# TASK
Go to the line below containing "850 hPa 12 UTC" and print exactly from there through the line containing "02465 Stockholm |", both included. Print nothing else.

# RECORDS SHOWN

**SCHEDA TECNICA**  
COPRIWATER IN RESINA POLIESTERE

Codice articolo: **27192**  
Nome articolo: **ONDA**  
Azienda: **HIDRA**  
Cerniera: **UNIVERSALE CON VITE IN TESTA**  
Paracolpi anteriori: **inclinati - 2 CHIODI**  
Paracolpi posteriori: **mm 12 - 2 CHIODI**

==

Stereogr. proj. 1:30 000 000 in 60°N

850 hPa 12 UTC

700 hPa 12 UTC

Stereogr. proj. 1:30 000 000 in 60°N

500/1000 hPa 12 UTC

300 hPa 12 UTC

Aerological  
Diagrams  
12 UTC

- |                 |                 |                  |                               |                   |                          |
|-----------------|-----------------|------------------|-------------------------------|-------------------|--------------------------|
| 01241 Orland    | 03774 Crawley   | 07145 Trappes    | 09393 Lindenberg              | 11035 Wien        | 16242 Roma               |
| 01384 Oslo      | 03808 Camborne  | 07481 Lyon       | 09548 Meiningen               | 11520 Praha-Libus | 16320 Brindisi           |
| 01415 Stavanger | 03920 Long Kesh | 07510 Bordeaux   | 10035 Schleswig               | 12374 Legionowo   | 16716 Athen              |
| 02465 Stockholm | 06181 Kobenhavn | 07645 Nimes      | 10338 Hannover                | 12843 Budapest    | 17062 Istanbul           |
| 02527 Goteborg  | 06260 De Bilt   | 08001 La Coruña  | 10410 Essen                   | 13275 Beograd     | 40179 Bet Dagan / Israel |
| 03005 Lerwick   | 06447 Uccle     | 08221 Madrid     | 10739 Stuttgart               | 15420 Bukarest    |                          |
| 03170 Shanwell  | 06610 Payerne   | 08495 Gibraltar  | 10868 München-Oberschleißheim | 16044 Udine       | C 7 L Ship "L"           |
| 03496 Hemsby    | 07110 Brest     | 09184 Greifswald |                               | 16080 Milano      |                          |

# ANSWER TO THIS TASK
850 hPa 12 UTC

700 hPa 12 UTC

Stereogr. proj. 1:30 000 000 in 60°N

500/1000 hPa 12 UTC

300 hPa 12 UTC

Aerological  
Diagrams  
12 UTC

- |                 |                 |                  |                               |                   |                          |
|-----------------|-----------------|------------------|-------------------------------|-------------------|--------------------------|
| 01241 Orland    | 03774 Crawley   | 07145 Trappes    | 09393 Lindenberg              | 11035 Wien        | 16242 Roma               |
| 01384 Oslo      | 03808 Camborne  | 07481 Lyon       | 09548 Meiningen               | 11520 Praha-Libus | 16320 Brindisi           |
| 01415 Stavanger | 03920 Long Kesh | 07510 Bordeaux   | 10035 Schleswig               | 12374 Legionowo   | 16716 Athen              |
| 02465 Stockholm | 06181 Kobenhavn | 07645 Nimes      | 10338 Hannover                | 12843 Budapest    | 17062 Istanbul           |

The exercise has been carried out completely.